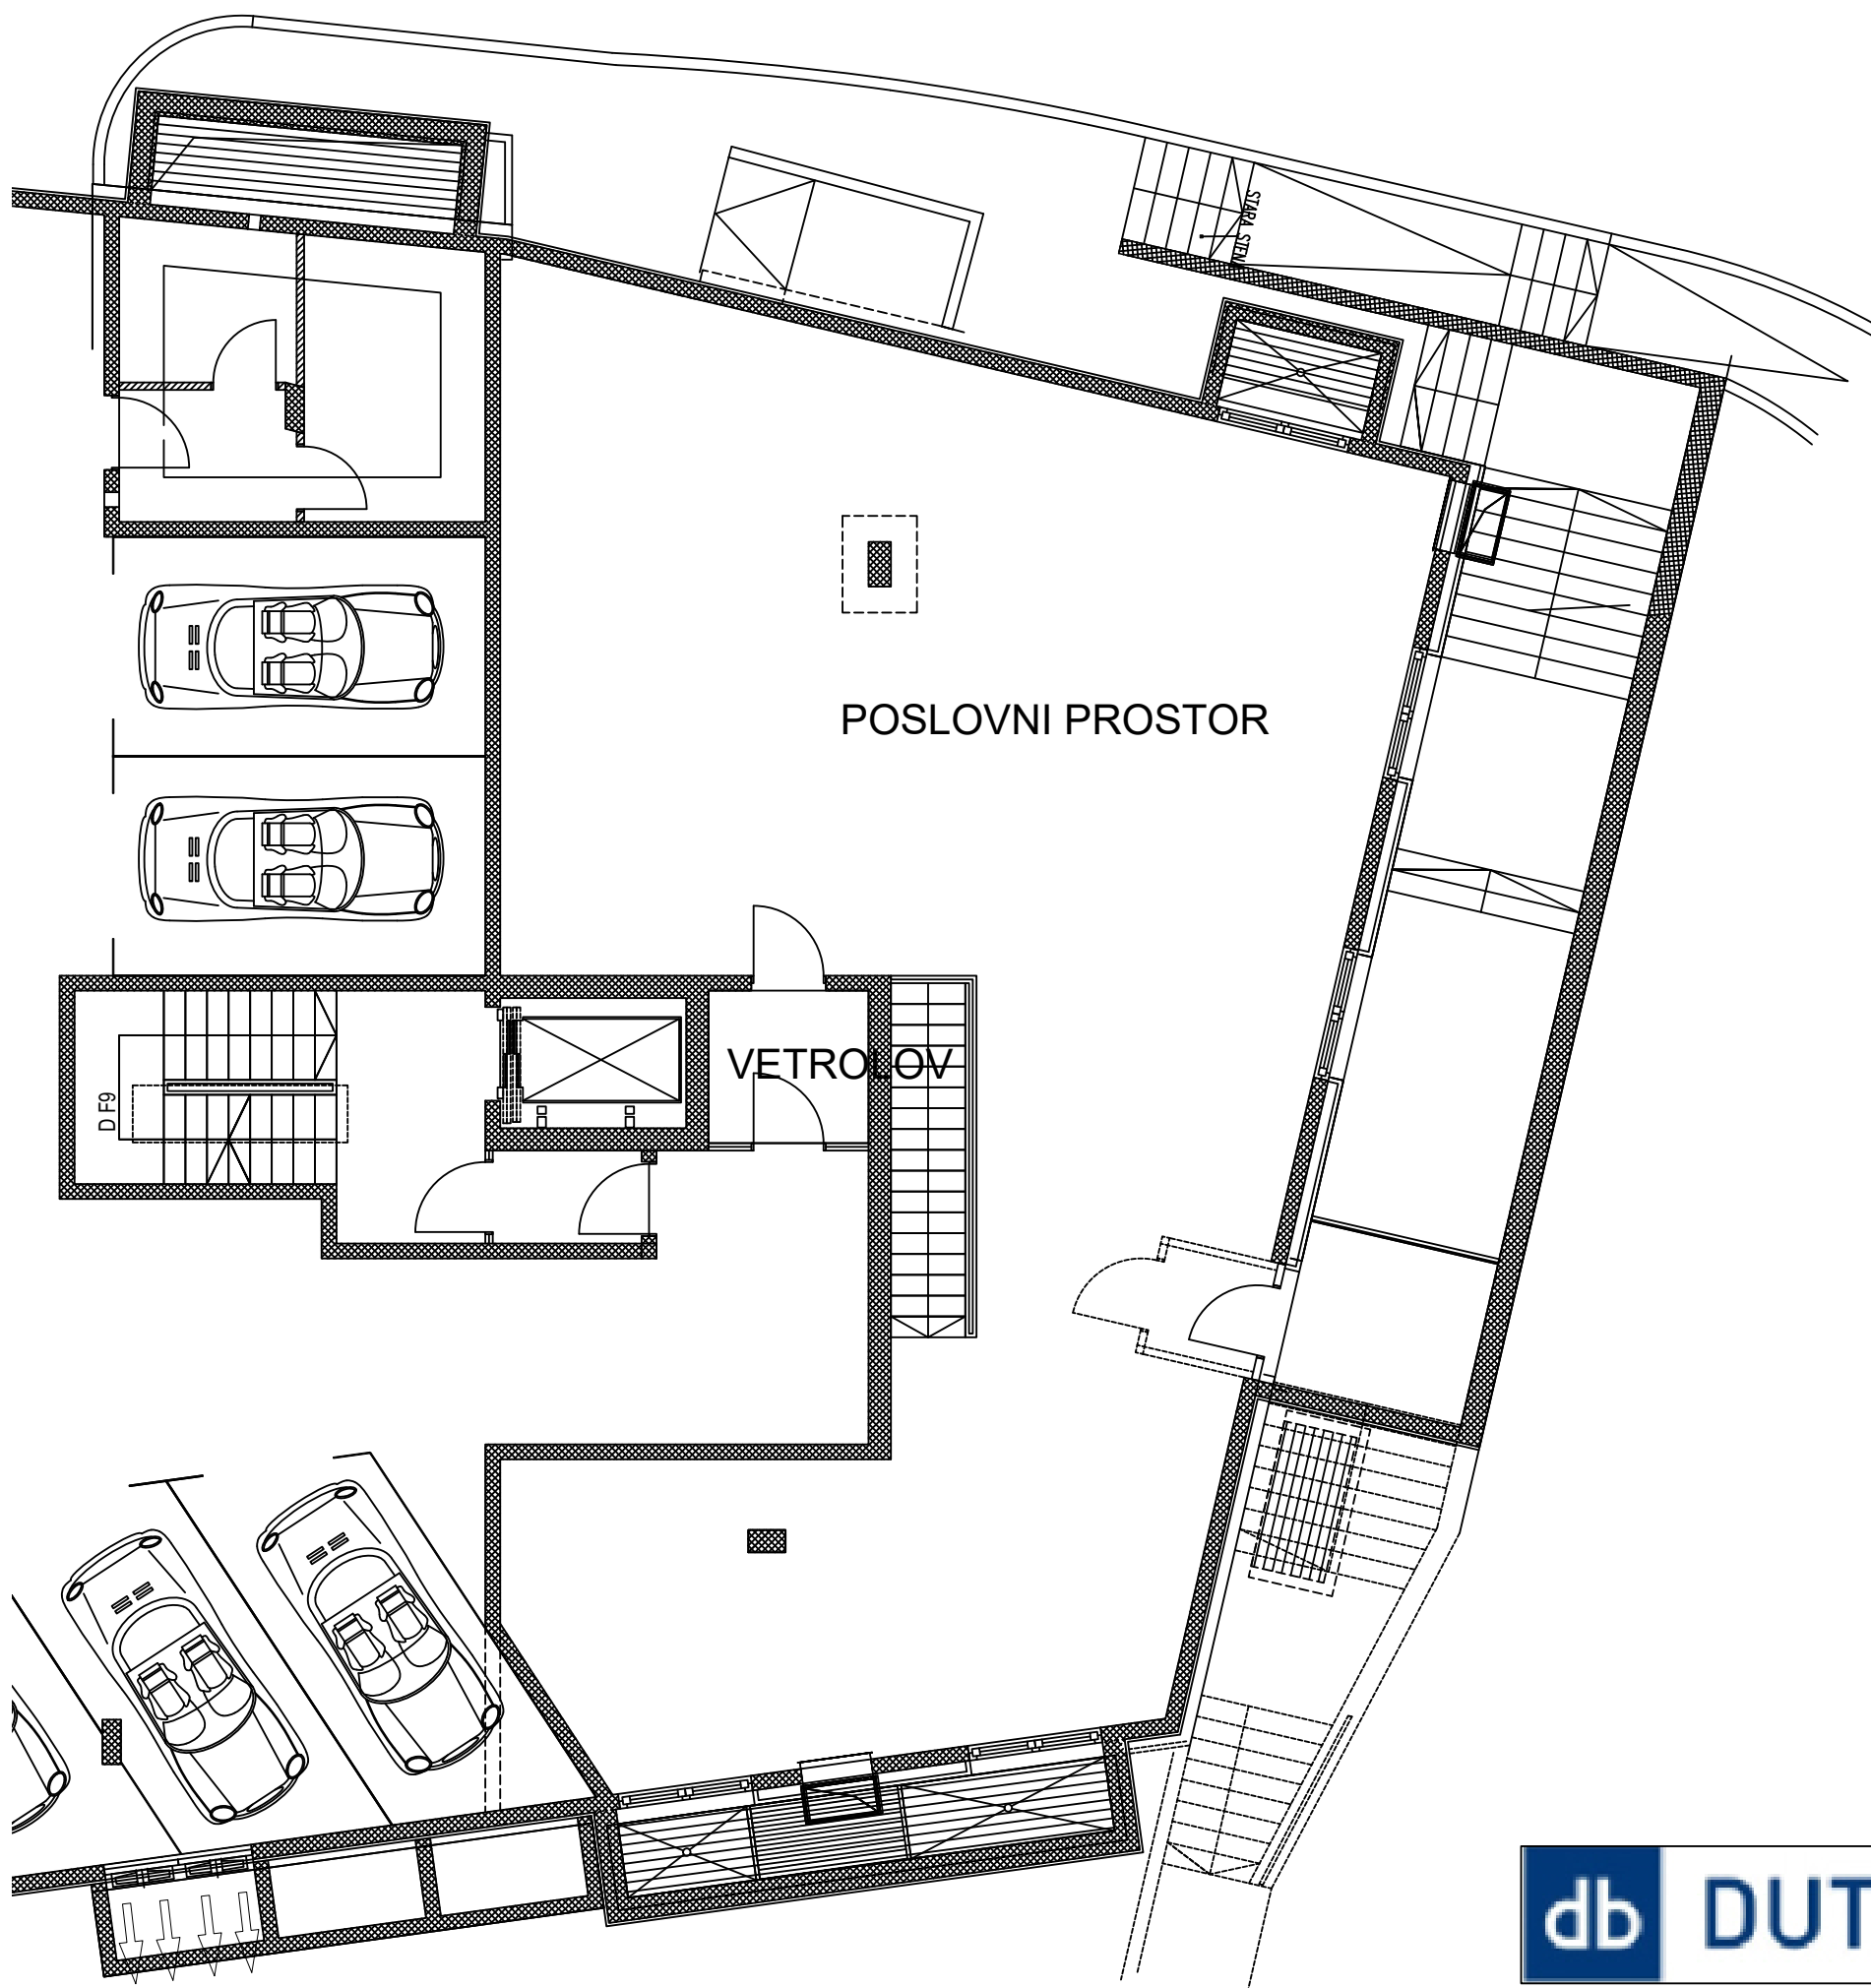

STANOVANJSKO NASELJE
"NOKTURNO" MARKOVEC
Kvedrova cesta 28, Koper

TLORIS POSLOVNEGA PROSTORA
ID znak 2606-6988-41

OZNAKA POSLOVNEGA PROSTORA
F-K-PP1

neto tlorsna površina: 319,47 m² (GURS podatek)
FAZA: III. podaljšana gradbena faza
NIZ: 3
SKLOP: F
LOKACIJA:
3. in 4. etaža
7. in 8. nivo

Merilo M 1:100 za tisk na A3 format.

OPOMBA:
Pod stropom potekajo inštalacijski vodi.
Notranje stopnice niso predmet
ponudbe/prodaje.

SPODNJA ETAŽA

SKICE IN OPISI SO INFORMATIVNI!

☆ ☆ ☆ ☆

__The task__: Go through the listing, find each line with the word "PROSTORA", and copy it.

__Answer for this exercise__:
TLORIS POSLOVNEGA PROSTORA
OZNAKA POSLOVNEGA PROSTORA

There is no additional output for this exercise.